I have 6 node cluster. Each node is a bare metal machine with 24 core and 256 GB RAM and 10 Gbps Network running on CentOS 7.4.1708 (Core) (kernel 4.14.0-1.el7.elrepo.x86_64).
Aerospike config :
service {
user root
group root
paxos-single-replica-limit 1 # Number of nodes where the replica count is automatically reduced to 1.
pidfile /var/run/aerospike/asd.pid
#service-threads 24
#transaction-queues 24
transaction-threads-per-queue 4
proto-fd-max 30000
transaction-pending-limit 0
auto-pin cpu
}
logging {
# Log file must be an absolute path.
file /var/log/aerospike/aerospike.log {
context any info
}
}
network {
service {
address int4
port 3000
access-address int4
}
heartbeat {
# mode multicast
# address 224.0.0.116 # 239.1.99.222
# port 9918
mode mesh
port 3002
mesh-seed-address-port ....
mesh-seed-address-port ....
...
...
...
...
interval 150
timeout 10
}
fabric {
address int4
port 3001
}
info {
port 3003
}
}
namespace test {
replication-factor 2
memory-size 1G
default-ttl 30d # 30 days, use 0 to never expire/evict.
storage-engine memory
}
#production namespace
namespace Production {
replication-factor 2
memory-size 242G
default-ttl 0 # 30 days, use 0 to never expire/evict.
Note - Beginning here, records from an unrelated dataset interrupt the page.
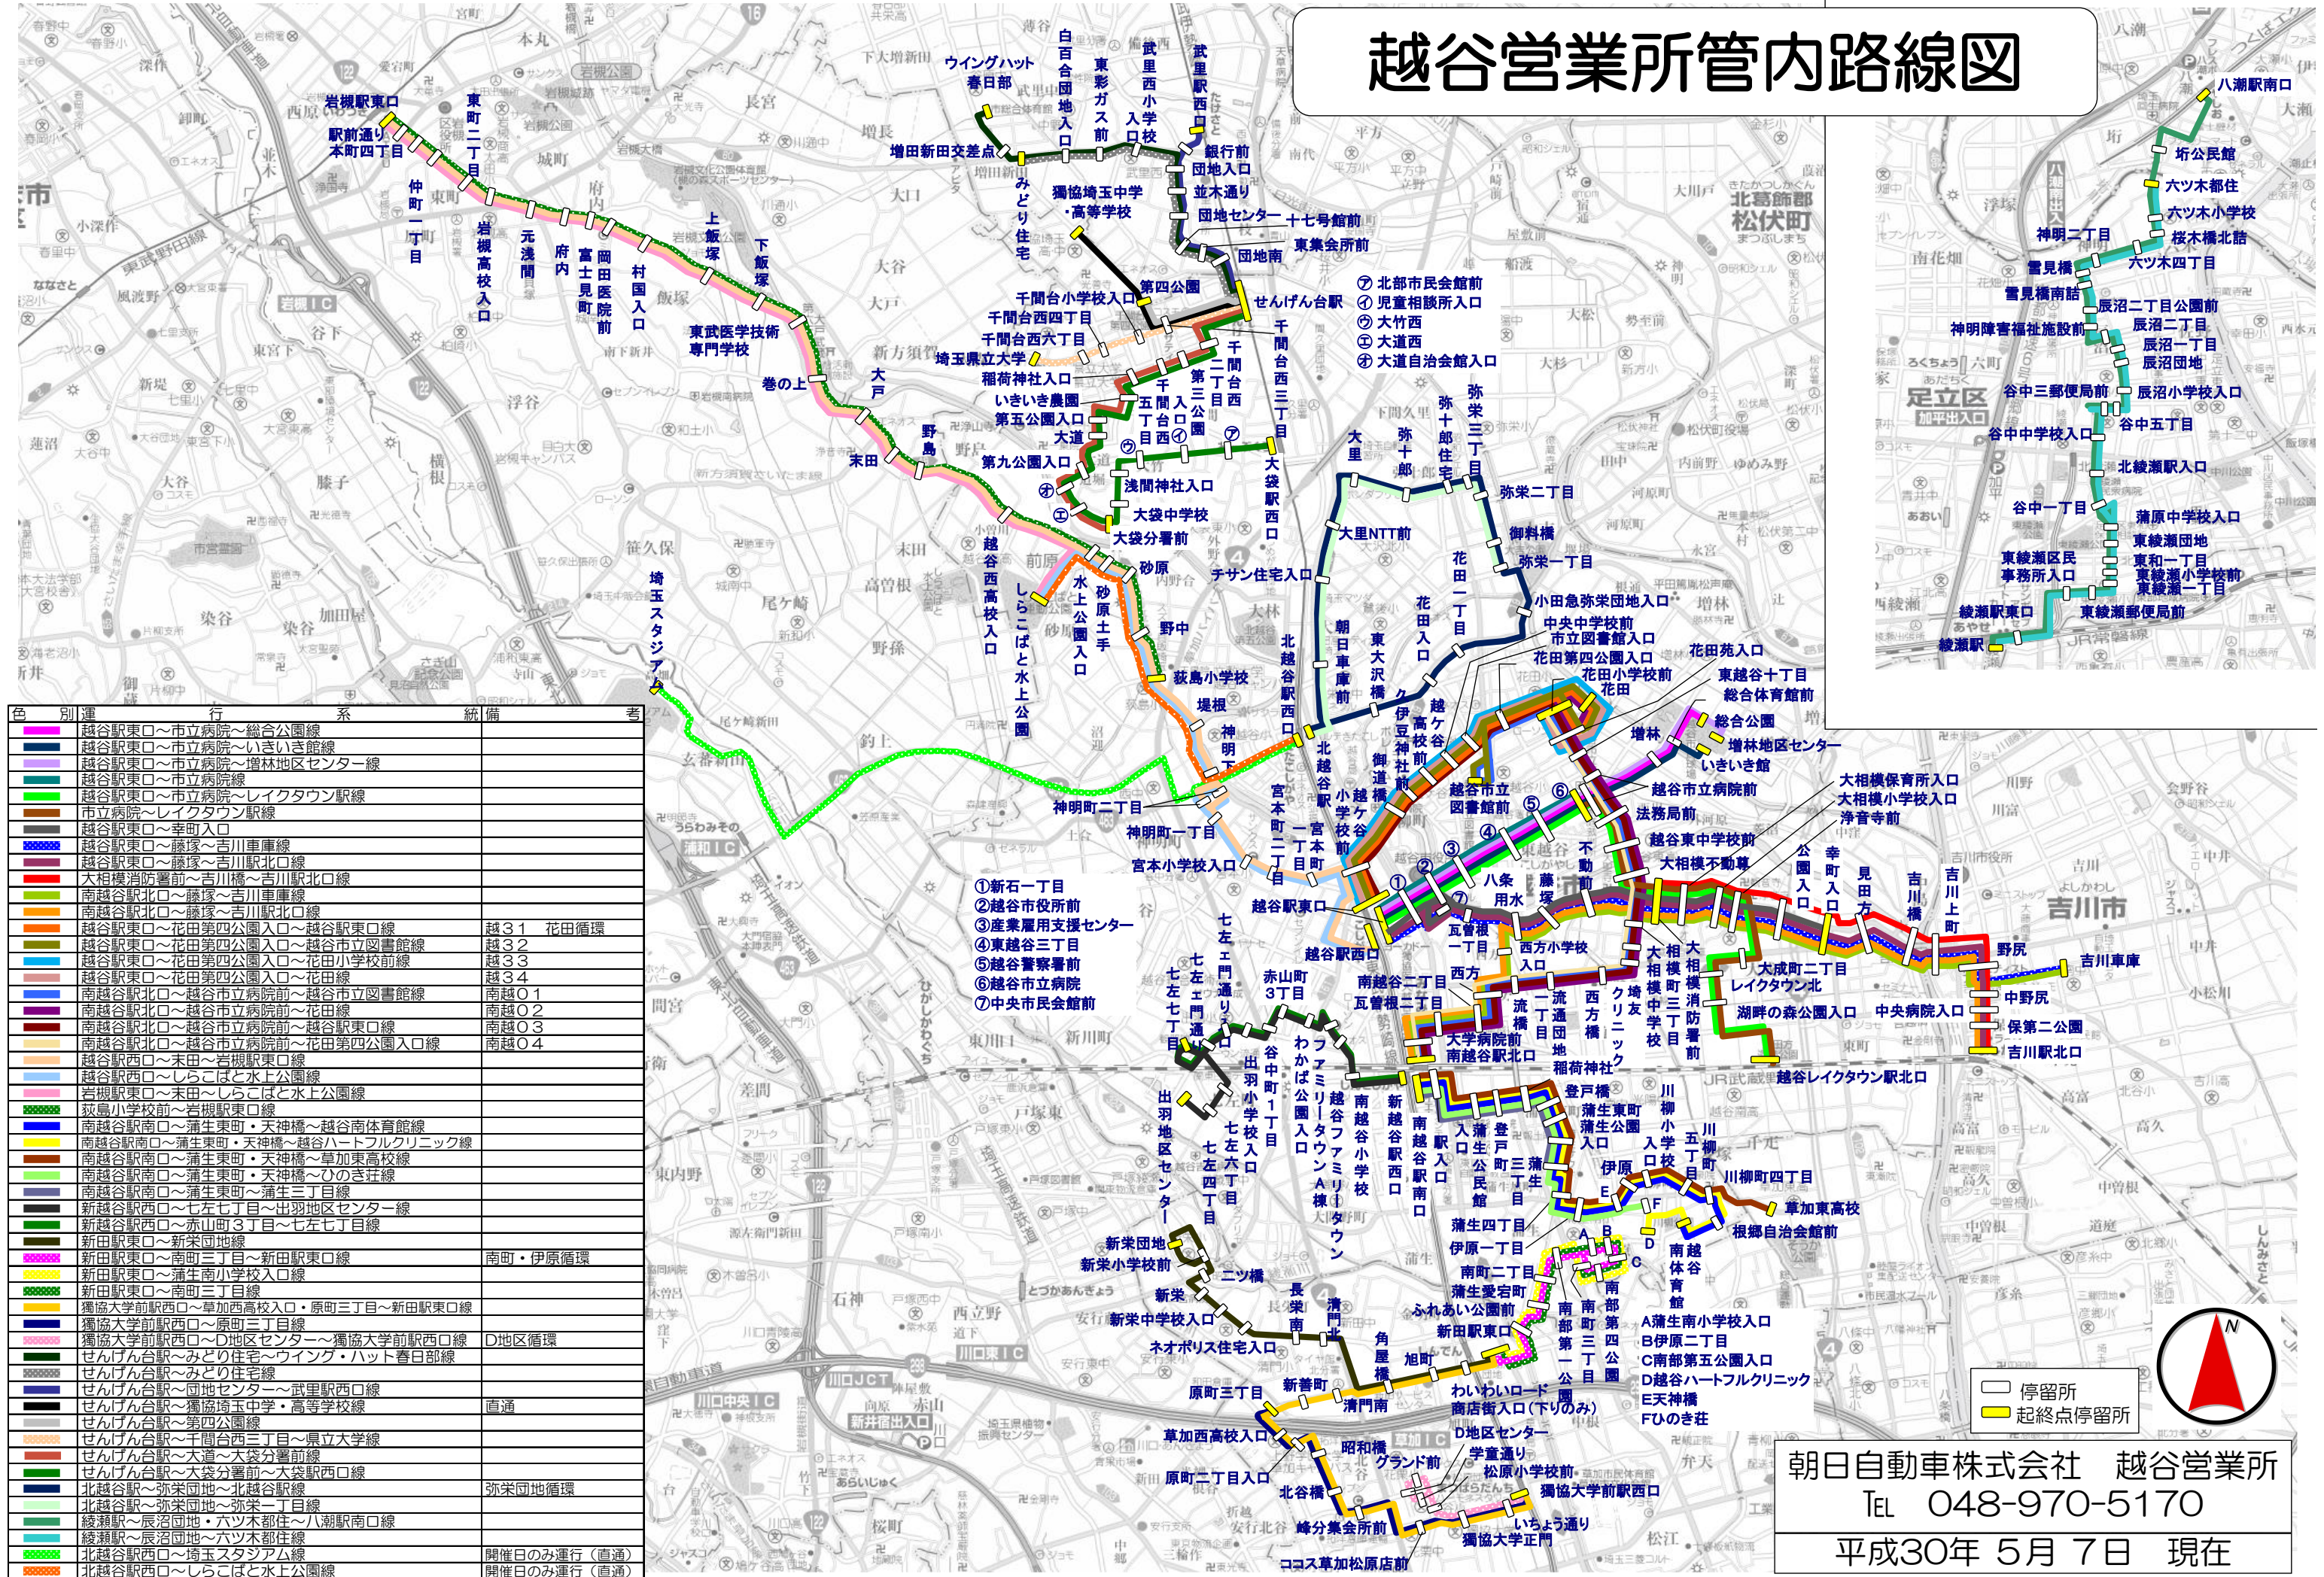

越谷営業所管内路線図

色別	運行系統	備考
■	越谷駅東口～市立病院～総合公園線	
■	越谷駅東口～市立病院～いきいき館線	
■	越谷駅東口～市立病院～増林地区センター線	
■	越谷駅東口～市立病院線	
■	越谷駅東口～市立病院～レイクタウン駅線	
■	市立病院～レイクタウン駅線	
■	越谷駅東口～幸町入口	
■	越谷駅東口～藤塚～吉川車庫線	
■	越谷駅東口～藤塚～吉川駅北口線	
■	大相模消防署前～吉川橋～吉川駅北口線	
■	南越谷駅北口～藤塚～吉川車庫線	
■	南越谷駅北口～藤塚～吉川駅北口線	
■	越谷駅東口～花田第四公園入口～越谷駅東口線	越31 花田循環
■	越谷駅東口～花田第四公園入口～越谷市立図書館線	越32
■	越谷駅東口～花田第四公園入口～花田小学校前線	越33
■	越谷駅東口～花田第四公園入口～花田線	越34
■	南越谷駅北口～越谷市立病院前～越谷市立図書館線	南越01
■	南越谷駅北口～越谷市立病院前～花田線	南越02
■	南越谷駅北口～越谷市立病院前～越谷駅東口線	南越03
■	南越谷駅北口～越谷市立病院前～花田第四公園入口線	南越04
■	越谷駅西口～末田～岩槻駅東口線	
■	越谷駅西口～しらこぼと水上公園線	
■	岩槻駅東口～末田～しらこぼと水上公園線	
■	萩島小学校前～岩槻駅東口線	
■	南越谷駅南口～蒲生東町・天神橋～越谷南体育館線	
■	南越谷駅南口～蒲生東町・天神橋～越谷ハートフルクリニック線	
■	南越谷駅南口～蒲生東町・天神橋～草加東高校線	
■	南越谷駅南口～蒲生東町・天神橋～ひのき荘線	
■	南越谷駅南口～蒲生東町～蒲生三丁目線	
■	新越谷駅西口～七左七丁目～出羽地区センター線	
■	新越谷駅西口～赤山町3丁目～七左七丁目線	
■	新田駅東口～新栄団地線	
■	新田駅東口～南町三丁目～新田駅東口線	南町・伊原循環
■	新田駅東口～蒲生南小学校入口線	
■	新田駅東口～南町三丁目線	
■	獨協大学前駅西口～草加西高校入口～原町三丁目～新田駅東口線	
■	獨協大学前駅西口～原町三丁目線	
■	獨協大学前駅西口～D地区センター～獨協大学前駅西口線	D地区循環
■	せんげん台駅～みどりの住宅～ウイング・ハット春日部線	
■	せんげん台駅～みどりの住宅線	
■	せんげん台駅～団地センター～武里駅西口線	
■	せんげん台駅～獨協埼玉中学・高等学校線	
■	せんげん台駅～第四公園線	
■	せんげん台駅～千間台西三丁目～県立大学線	
■	せんげん台駅～大道～大袋分署前線	
■	せんげん台駅～大袋分署前～大袋駅西口線	
■	北越谷駅～弥栄団地～北越谷駅線	弥栄団地循環
■	北越谷駅～弥栄団地～弥栄一丁目線	
■	綾瀬駅～辰沼団地・六ツ木都住～八潮駅南口線	
■	綾瀬駅～辰沼団地～六ツ木都住線	
■	北越谷駅西口～埼玉スタジアム線	開催日のみ運行(直通)
■	北越谷駅西口～しらこぼと水上公園線	開催日のみ運行(直通)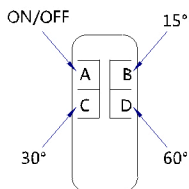

# Инструкция по использованию

Модель: Z107

Тип лампы: Настольная лампа    Размер лампы: 210\*470мм

⑥ Пульт

После нажатия кнопки включения лампочка мигнет один раз. Это нормальное явление, через 10 секунд лампа начнёт функционировать в стандартном режиме.

**Технические характеристики:**

**Мощность: 38 Вт**

**Длина волны: 253,7 нм**

**Напряжение: 220 - 240 В**

**Область применения: 40 м2**

**Не является медицинским изделием**

**Товар сертифицирован.**

**Производитель: Гуанчжоу Викви Электроник Ко Лтд. Китай**

high-water-disk-pct 50 # How full may the disk become before the
# server begins eviction (expiring records
# early)
high-water-memory-pct 85 # How full may the memory become before the
# server begins eviction (expiring records
# early)
stop-writes-pct 90 # How full may the memory become before
# we disallow new writes
partition-tree-sprigs 4096
partition-tree-locks 256
# storage-engine memory
storage-engine device {
#device /dev/sdb1
#data-in-memory false
file /opt/aerospike/data/prod.data
filesize 1000G # 8 times of RAM
data-in-memory true
#write-block-size 128K # adjust block size to make it efficient for SSDs.
# largwst size of any object
}
}
Total load (in TPS) -
Read: 120-250K
Batch_read : 300-400K
Write: 4-10K (peak 80K)
UDF: 500-1000
Queries: 60-80
Cluster Info:
Aerospike server version: 3.12.1.3
Master Object count: ~ 2B
RAM uses per node: ~ 60%
There are multiple clients (Mostly latest Go client) that read and write. I have noticed that sometimes latency goes high (asloglatency tool and on client side stats) and after sometimes(few hours) it comes down to normal without any change. I have checked TPS during that time but it seems independent of it. I couldn’t find anything in logs.
how should I find the root cause? This happens a couple of time every week with no time/load pattern (At least I have not observed any till now). Please suggest.